В 1915 году «Молитва» соотносилась с тяжелым военным опытом России…

В 1917 году «Молитва» попадает в совершенно новый контекст. Она публикуется как часть некоего целостного публицистического сообщения. Рядом с ней публикуются материалы, посвященные весьма актуальному тогда вопросу о созыве Учредительного собрания (в котором, как известно, большевики получили лишь небольшое количество мандатов) и чаемой передачи власти этому первому свободно избранному российскому парламенту…
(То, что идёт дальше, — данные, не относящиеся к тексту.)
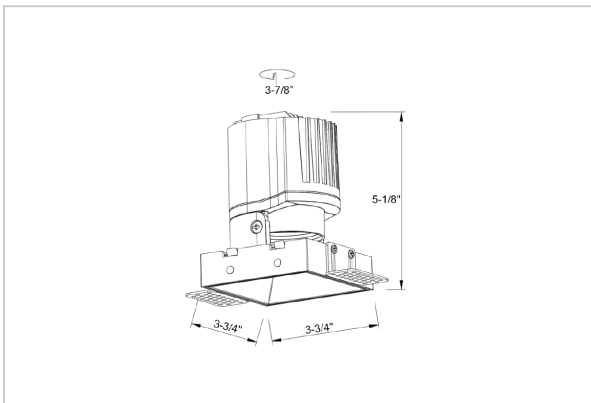

Thiea Down Lights

ITEM SKU#: 662187500737

Product Code : IK-RTHEIADL-15W-27K-WH-90C-38D

Voltage	100 - 277 V AC, 50-60 Hz
Lumen Output	1223.52lm
Power	15W
Efficacy	140lm/w
CCT	2700K
CRI	>90
Beam Angle	38°
Light Distribution	Flood
LED Type	COB
LED Light Source	Osram SOLERIQ S 19
Start Time	Instant
Driver	Stand Alone (included)
Operating Position	Non - Swiveling Type
Dimming	On-Off / Triac / 0-10 V
Construction	Sqaure
Mounting Type	Recessed
Heads	Single Head
Body Material	Aluminium Die cast
Finish	White
Length	3-3/4"
Height	5-1/8"
Cut Out	3-7/8"
Optics	Darklight Technology Black, Silver
Width (W)	3-3/4"
Application Area	Guest Room, Corridor, Restaurant, Meeting Room Club, Hall, Hotel Entrance

Beam Spread (Options)

Spot	15°	Medium	24°	Flood	38°	Wide Flood	60°
ft	Ø	ft	Ø	ft	Ø	ft	Ø
3.0	0.72	3.0	1.41	3.0	2.03	3.0	3.15
9.0	2.15	9.0	4.22	9.0	6.09	9.0	9.45
15.0	3.58	15.0	7.04	15.0	10.15	15.0	15.75

Theia, a square LED downlight made of aluminum die cast with high quality powder coated luminaire housing and optimum heat sink. Specular reflector & power grid / global connectors available with isolated LED Driver using Ultra bright OSRAM COB.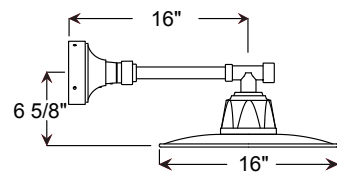

EU916-E35UE16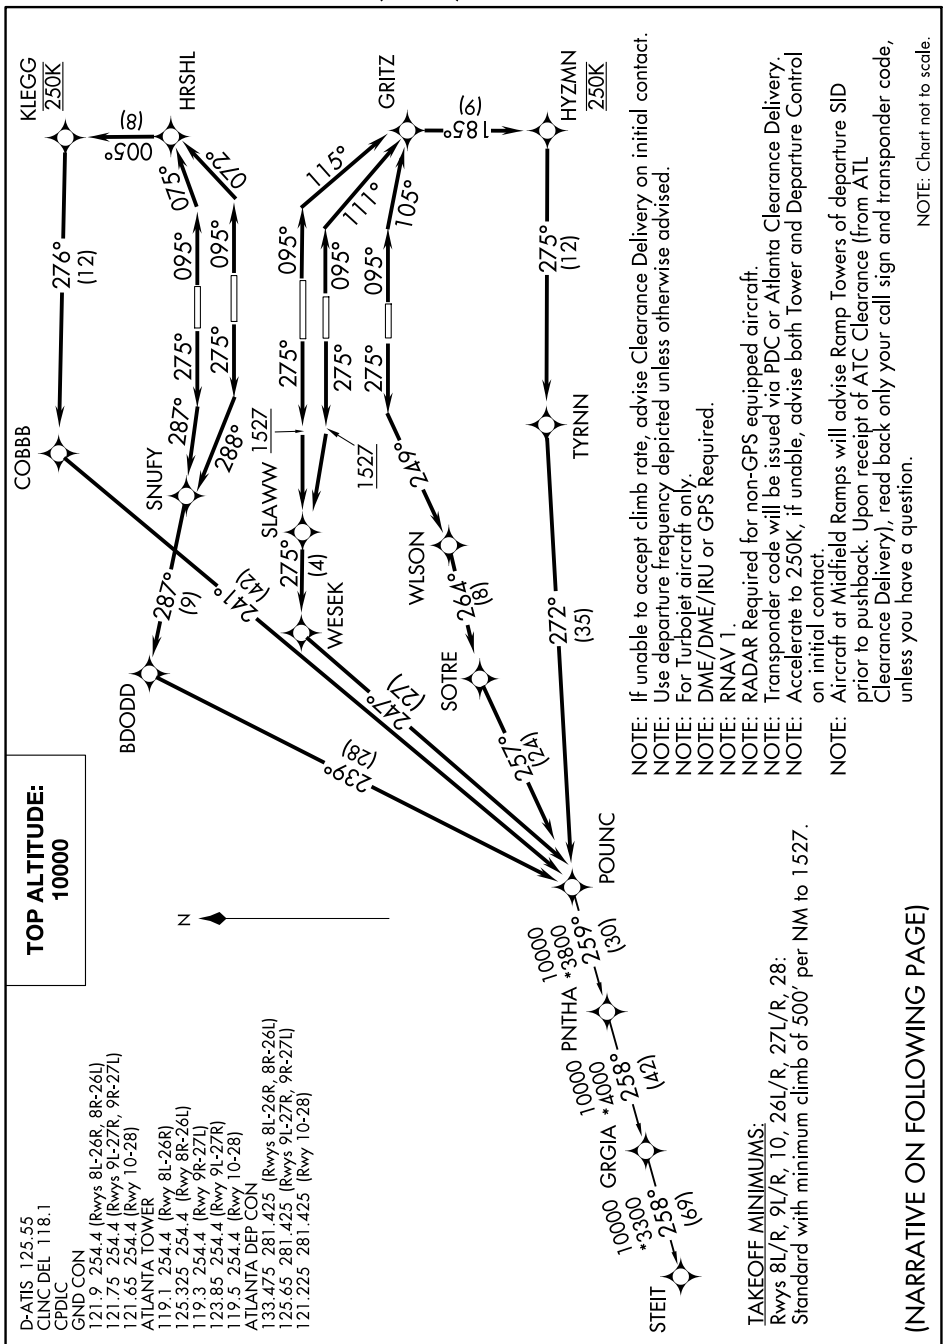

(POUNC2.POUNC) 22083
POUNC TWO DEPARTURE (RNAV)

HARTSFIELD-JACKSON ATLANTA INTL (ATL)
 AL-26 (FAA) ATLANTA, GEORGIA

SE-4, 11 JUL 2024 to 08 AUG 2024

(POUNC2.POUNC) 10NOV16
POUNC TWO DEPARTURE (RNAV)

HARTSFIELD-JACKSON ATLANTA INTL (ATL)
 ATLANTA, GEORGIA

SE-4, 11 JUL 2024 to 08 AUG 2024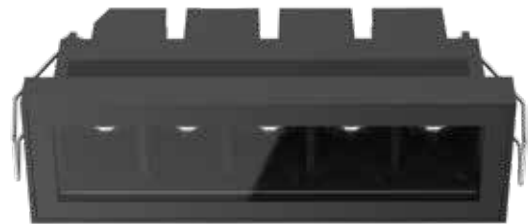

Power 12W
Input 220-240V, 50/60Hz
Color Temperature 3000K
Lumen 757Lm
Cri 90
IP 65
Dimensions L: 15.7cm W: 5cm H: 6.8cm
Cutting Hole 14.2 x 3.5cm
Beam Angle 40°
Non Dimmable ☒
Material Stainless Steel - Aluminium - Tempered Glass
Depth Required IT: 6cm
Driver Included
Color Sandy Black / **Code E332**
Sandy White / **Code E333**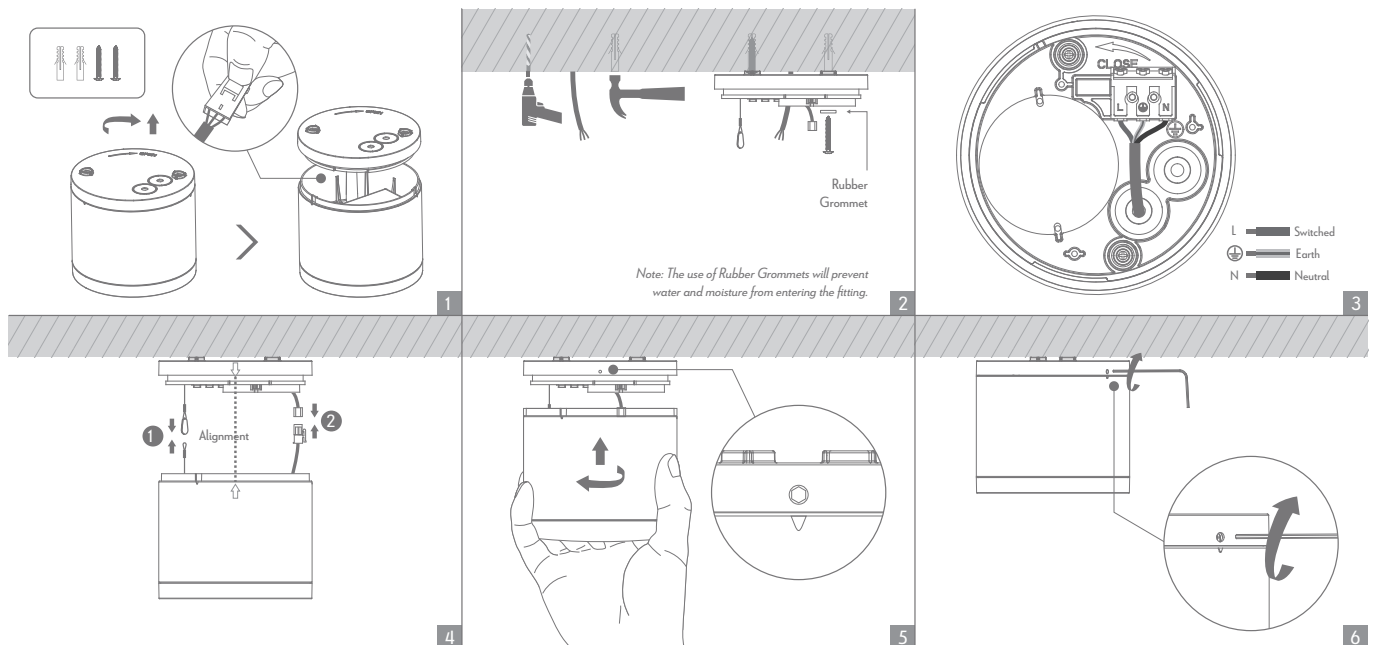

NEO-PRO-13-SM

Date: 11/2022

| Variants | | Item No. | Colour Temp |
|----------|-------|---------------|-------------|
| Blk | Wht | | |
| 20890 | 20891 | NEO-PRO-13-SM | TRIO |

Thank you for purchasing your new NEO-PRO-13 surface mounted downlight, Please take the time to read and understand the instruction sheet below. Failure to do so may void warranty.

Specifications

| | | | | | |
|----------|-----------|----------------------|---|------------|-----------|
| Voltage: | 240V | Lumen ($\pm 5\%$): | Warm White 3000K - 1000Lm Neutral White 4000K - 1200Lm White 5700K - 1100Lm | Dimmable: | Yes* |
| Power: | 13W | Beam Angle: | 75° | IP Rating: | 65** |
| CRI: | ≤ 80 | CCT: | 3000K - 4000K - 5700K | Lifespan: | 50,000hrs |

*Fully dimmable with suitable dimmers.

**IP65 from front only.

Note: -The lamp must be installed by professional electrician
-Ensure the power supply is switched off before fitting this product

-Do not touch the lamp when in use
-Keep away from hot steam and corrosive gas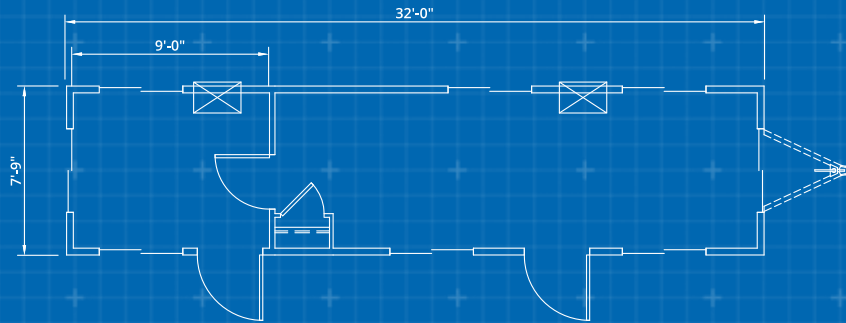

36' x 8' OFFICE TRAILER

In addition to your office solution, we can provide additional products and services that complete your space- creating a more productive, comfortable, and safe work environment.

CUSTOMIZATION

- Steps & Ramps
- Furniture & Appliances
- Technology
- Site Services
- Loss Protection

Dimensions

36' Long (including hitch)
 32' Box size
 8' Wide
 7' Ceiling height

Exterior Finish

Aluminum or wood siding
 I-Beam Frame
 Standard drip rail gutters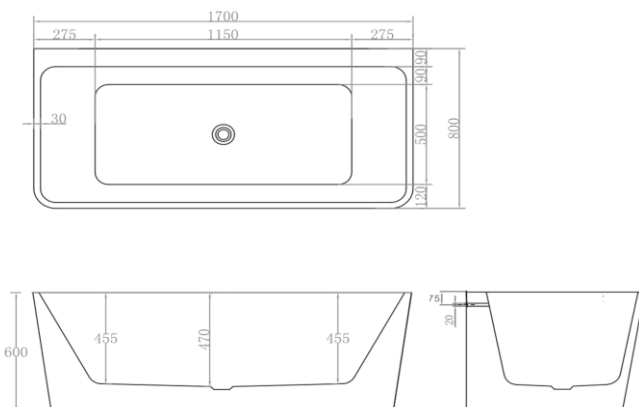

The Smith Back To Wall 1700 Gloss Acrylic bath

BPBA8356-170

The Smith' bath 1700mm Back To Wall

1700mm back to wall bath in high quality pure gloss acrylic
- Includes 'click clack' pop-up waste in white

CARE AND USE

Совершенно очевидно, что перепубликация «Молитвы» в этом контексте меняет — пусть окказионально — референты{5} последних трех строк стихотворения; томительные дни, туча над темной Россией, облако в славе лучей приобретают, во-первых, актуальный характер, связанный с политическими событиями тех дней, а, во-вторых, могут рассматриваться, возможно и самой Ахматовой, как реализация некоторого прошлого пророчества, впервые сделанного в первой публикации «Молитвы». Если это так, то с некоторой внутренне-авторской точки зрения правильнее было бы говорить, по крайней мере применительно к «Молитве», а также к некоторым другим стихотворениям этого периода (о чем речь будет идти ниже), о модели самоощущения библейской пророчицы, наряду с моделью Кассандры

Но вернемся к 26 ноября 1917 года по старому стилю. Почему мы сочли возможным увидеть в ахматовском чаянии будущего преображения судьбы России (облако в славе лучей) актуальный политический намек?